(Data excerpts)
·····

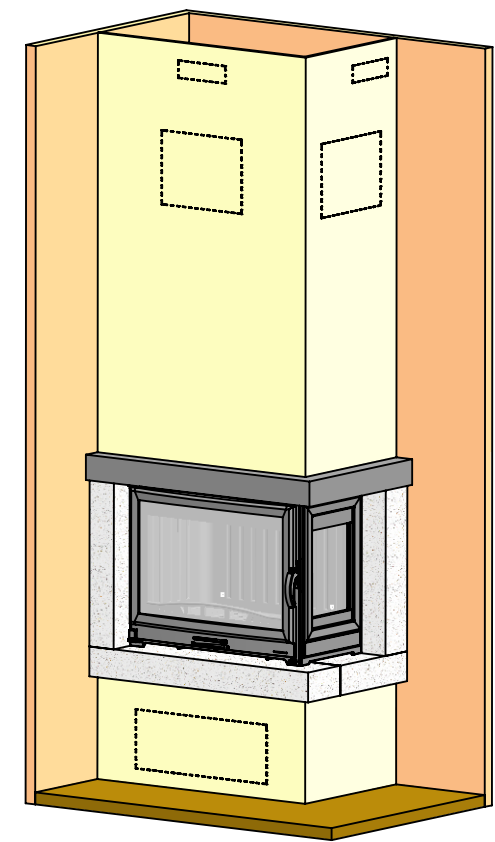

  
**Chazelles**

**CS 46**

D 70 D / D 70 G

03/03/2011

*ensemble réversible*  
**PIERRE DE BRETAGNE  
TOLE NOIRE**

**DOCUMENT NON CONTRACTUEL**

L'usine se réserve tous droits de modifications, dans le but d'améliorer le modèle.  
Les reproductions même partielles sont interdites.
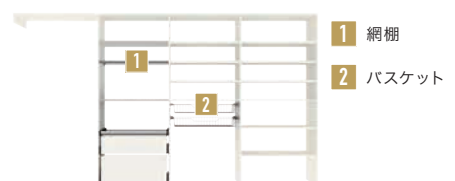

HOW TO USE POINT 使い方のポイント
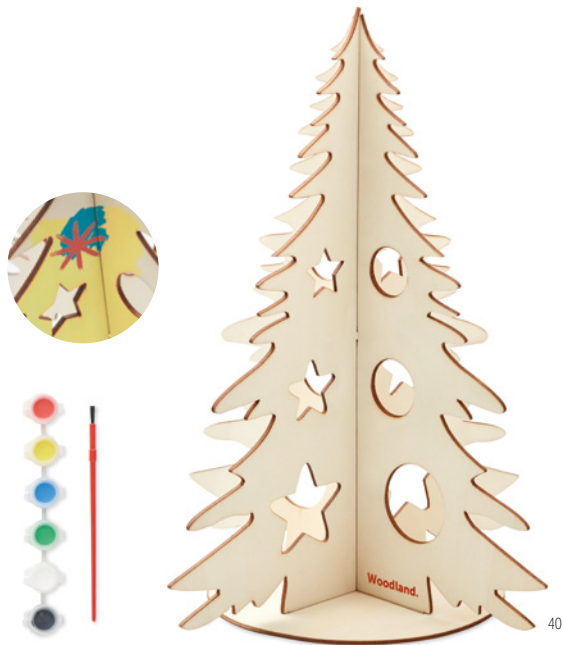

05

Bono Paint CX1505

Dziecięca czapka Mikołaja z 5 kredkami i wzorem do pokolorowania.
Wymiary 14x11x3 cm **Technika znakowania** Transfer,E,TD
 13,02 Cena w PLN

00

Pazuru CX1507

Świąteczne puzzle w metalowym pudełku. 60 elementów.
Wymiary 13x8x4 cm **Technika znakowania** Tampodruk,DO1,DL,L
 16,81 Cena w PLN

·····

Exactly repeat the data above; the pictures do not belong in your copy.

■ REPLY:
**Chazelles**

**CS 46**

D 70 D / D 70 G

03/03/2011

*ensemble réversible*  
**PIERRE DE BRETAGNE  
TOLE NOIRE**

**DOCUMENT NON CONTRACTUEL**

L'usine se réserve tous droits de modifications, dans le but d'améliorer le modèle.  
Les reproductions même partielles sont interdites.

HOW TO USE POINT 使い方のポイント

05

Bono Paint CX1505

Dziecięca czapka Mikołaja z 5 kredkami i wzorem do pokolorowania.
Wymiary 14x11x3 cm **Technika znakowania** Transfer,E,TD
 13,02 Cena w PLN

00

Pazuru CX1507

Świąteczne puzzle w metalowym pudełku. 60 elementów.
Wymiary 13x8x4 cm **Technika znakowania** Tampodruk,DO1,DL,L
 16,81 Cena w PLN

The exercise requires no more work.